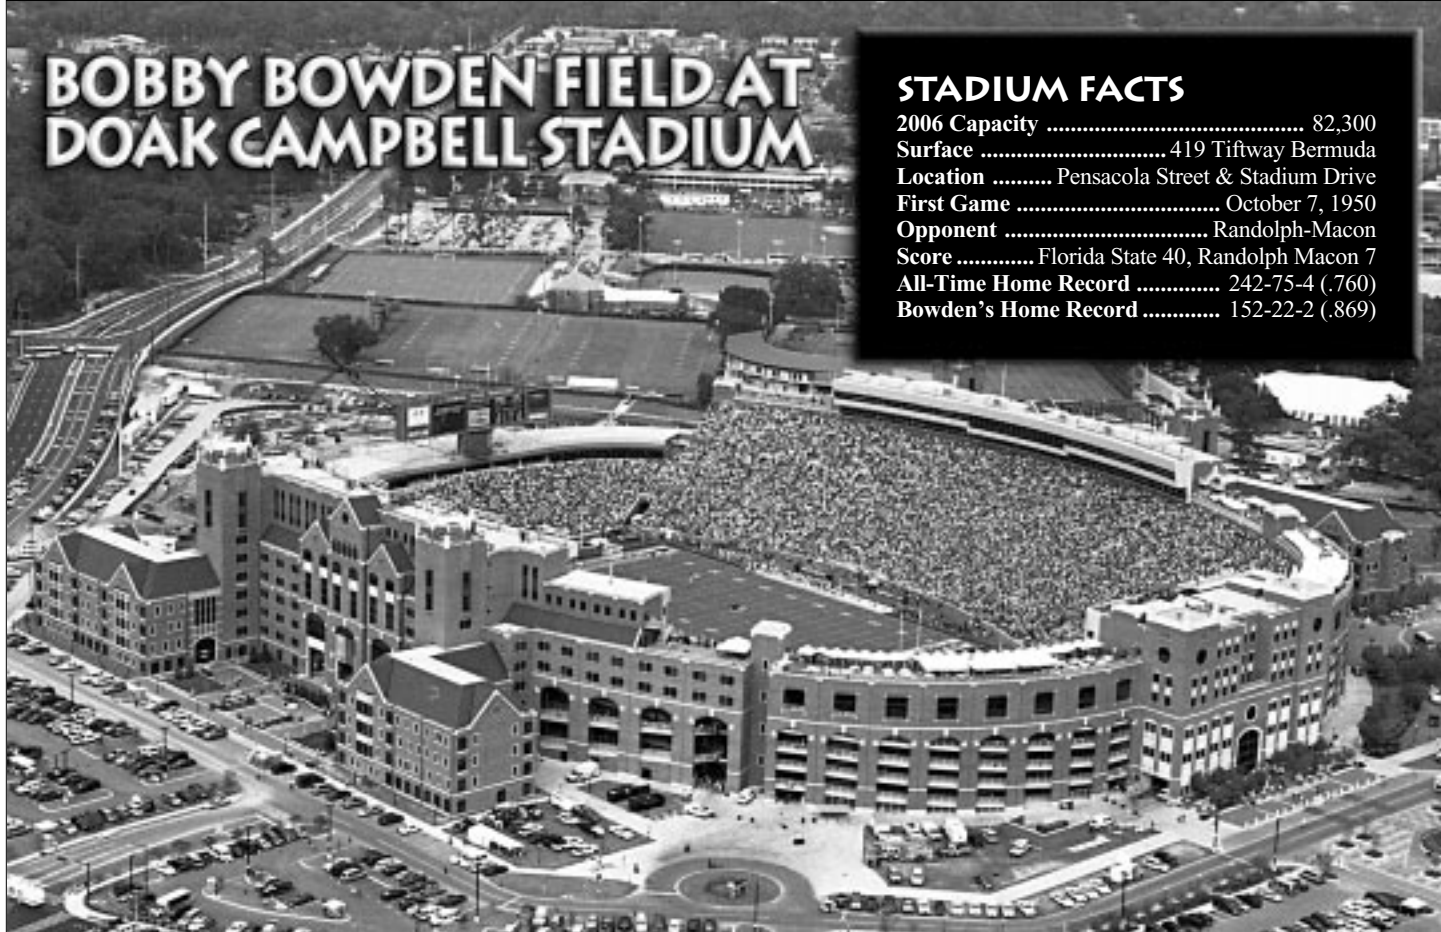

BOBBY BOWDEN FIELD AT DOAK CAMPBELL STADIUM

STADIUM FACTS

2006 Capacity	82,300
Surface	419 Tiftway Bermuda
Location	Pensacola Street & Stadium Drive
First Game	October 7, 1950
Opponent	Randolph-Macon
Score	Florida State 40, Randolph Macon 7
All-Time Home Record	242-75-4 (.760)
Bowden's Home Record	152-22-2 (.869)
※
Reproduce every record exactly; images stay out.

ANSWER FOR THE TASK
BOBBY BOWDEN FIELD AT DOAK CAMPBELL STADIUM

STADIUM FACTS

2006 Capacity	82,300
Surface	419 Tiftway Bermuda
Location	Pensacola Street & Stadium Drive
First Game	October 7, 1950
Opponent	Randolph-Macon
Score	Florida State 40, Randolph Macon 7
All-Time Home Record	242-75-4 (.760)
Bowden's Home Record	152-22-2 (.869)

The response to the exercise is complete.